**TASK REQUIREMENTS**
Write only the number of lines in the data that contain the word "STORIA".

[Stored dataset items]

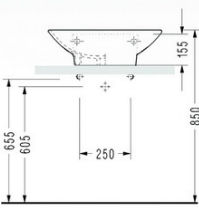

• CH01
Çanak Lavabo
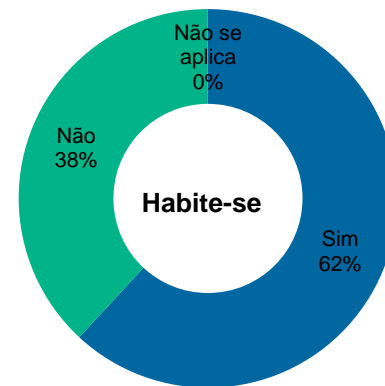

Tribunal Regional do Trabalho da 10ª Região

Total de imóveis
21

Área Construída
59.193 m²
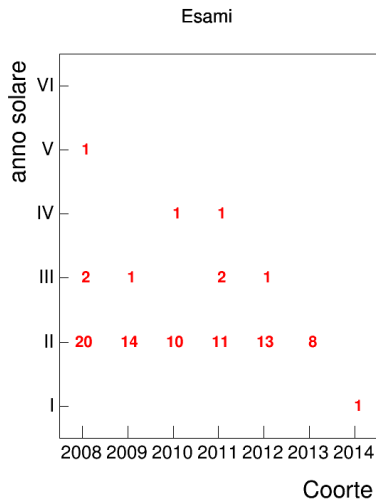

Voto medio e deviazione standard

Coorte

Mediana voto

Coorte

Attività didattiche svolte per anno accademico - Corso STORIA MEDIEVALE 1 (MOD.A)

Voto medio, deviazione standard e mediana - Corso STORIA MEDIEVALE 1 (MOD.A)
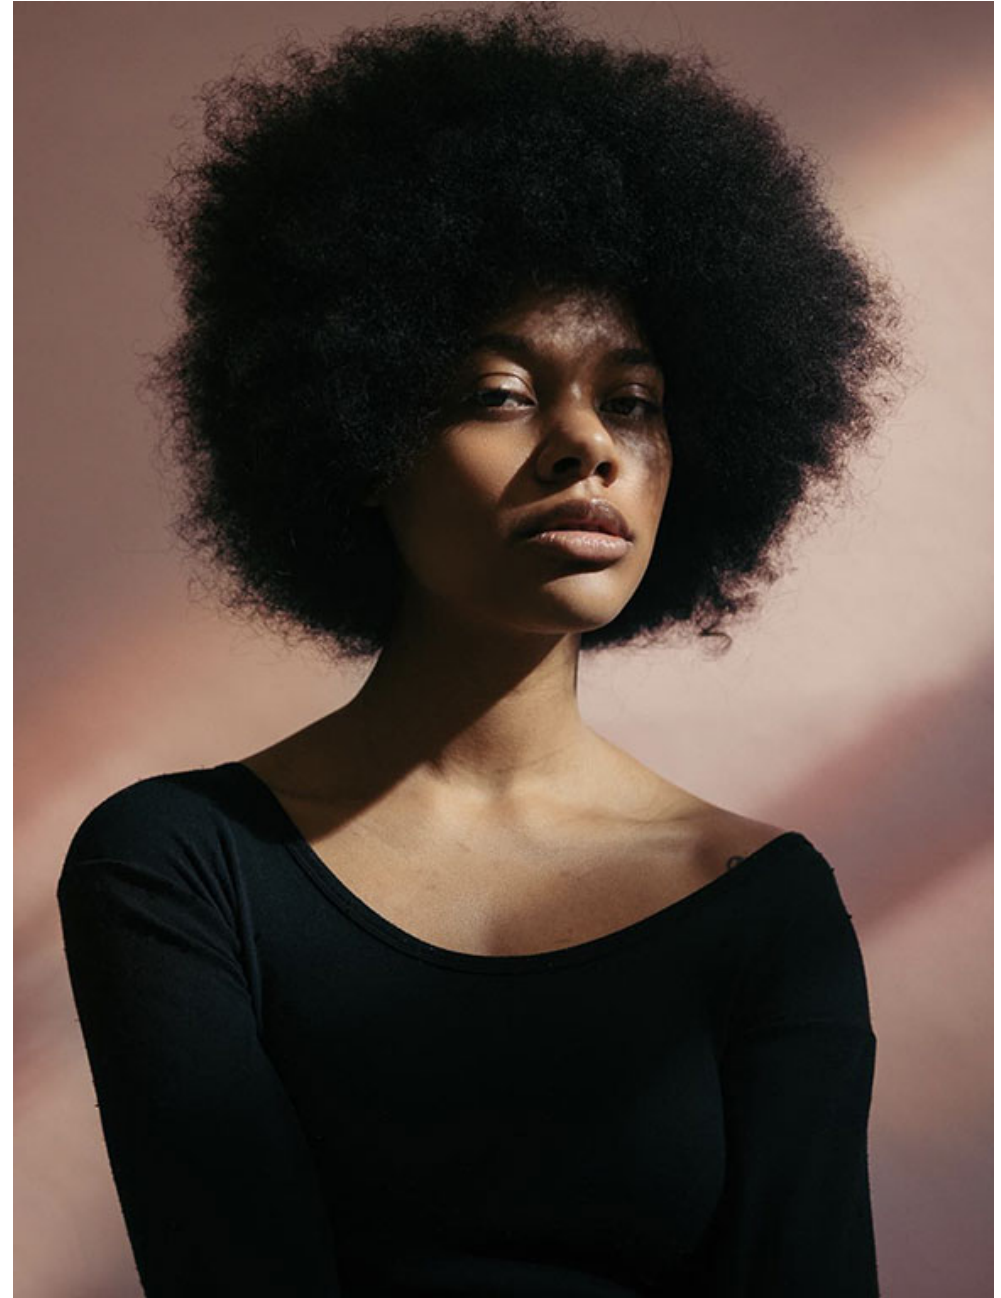

BELLA S.

Height **172** / Bust **86** / Waist **71** / Hip **91** / Size **36** / Shoes **40** / Hair **dark brown** / Eyes **brown** /

BELLA S.

Height **172** / Bust **86** / Waist **71** / Hip **91** / Size **36** / Shoes **40** / Hair **dark brown** / Eyes **brown** /
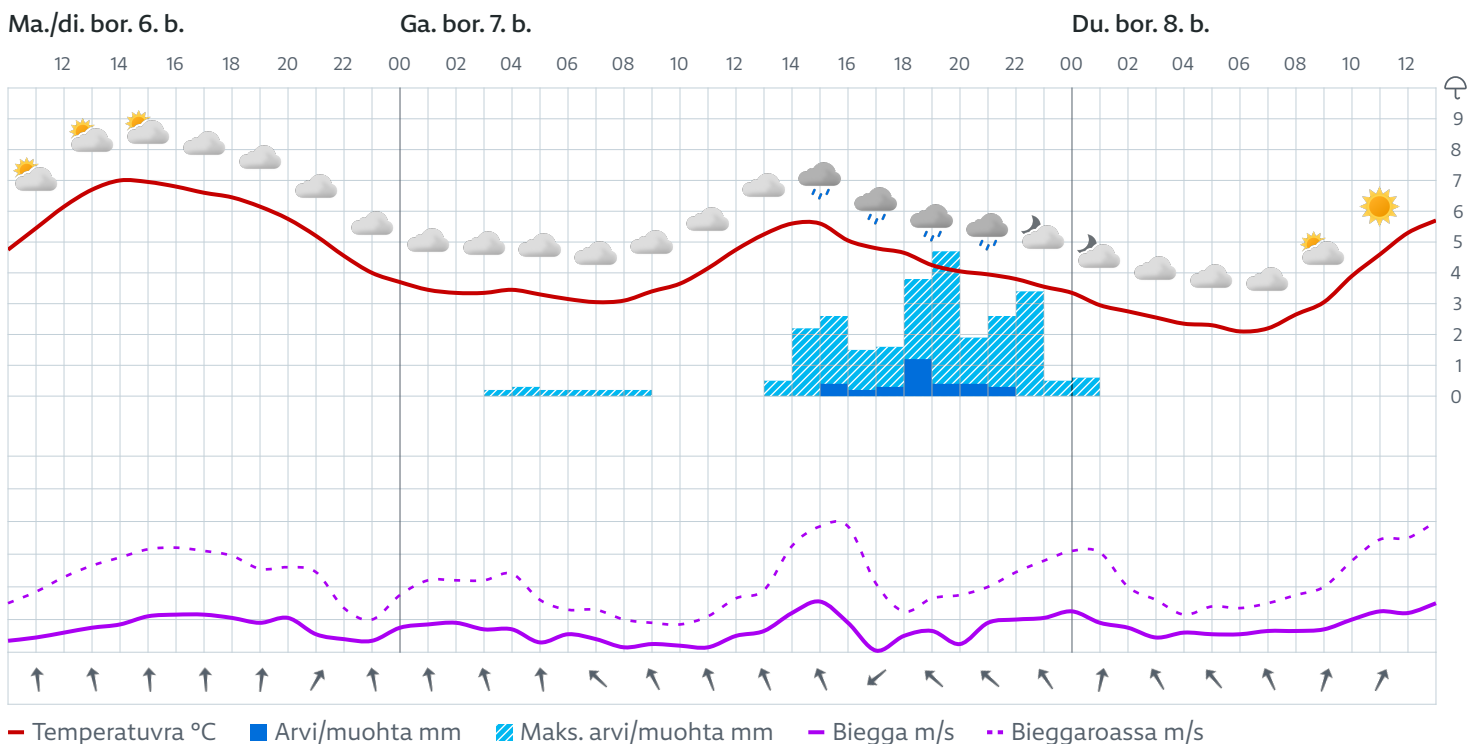

Dálkedieđáhus deike: Fv280 Enderud bru

Meteogramma Bor. 6. b. tii. 10:00 – Bor. 8. b. tii. 13:00

Guhkesáiggedieđáhus bor. 6. b. – bor. 13. b.

	00-12	12-00	Maks./min. temperaturvra	Arvi/Muohta mm	Man vejolaš ahte arvá/muohtá	Maks./min. bieggá m/s
Ma./di. bor. 6. b.			24° / 18°		0%	2 / 1
Ga. bor. 7. b.			21° / 16°	4,5	100%	2 / 1
Du. bor. 8. b.			21° / 12°		50%	4 / 1
Be. bor. 9. b.			16° / 11°	16	100%	3 / 1
Lá. bor. 10. b.			20° / 11°	2,5	40%	3 / 1
So. bor. 11. b.			20° / 10°		30%	3 / 1
Vu./má. bor. 12. b.			19° / 10°		40%	2 / 1
Ma./di. bor. 13. b.			20° / 13°		40%	2 / 1

**REPLY TO THE EXERCISE**
2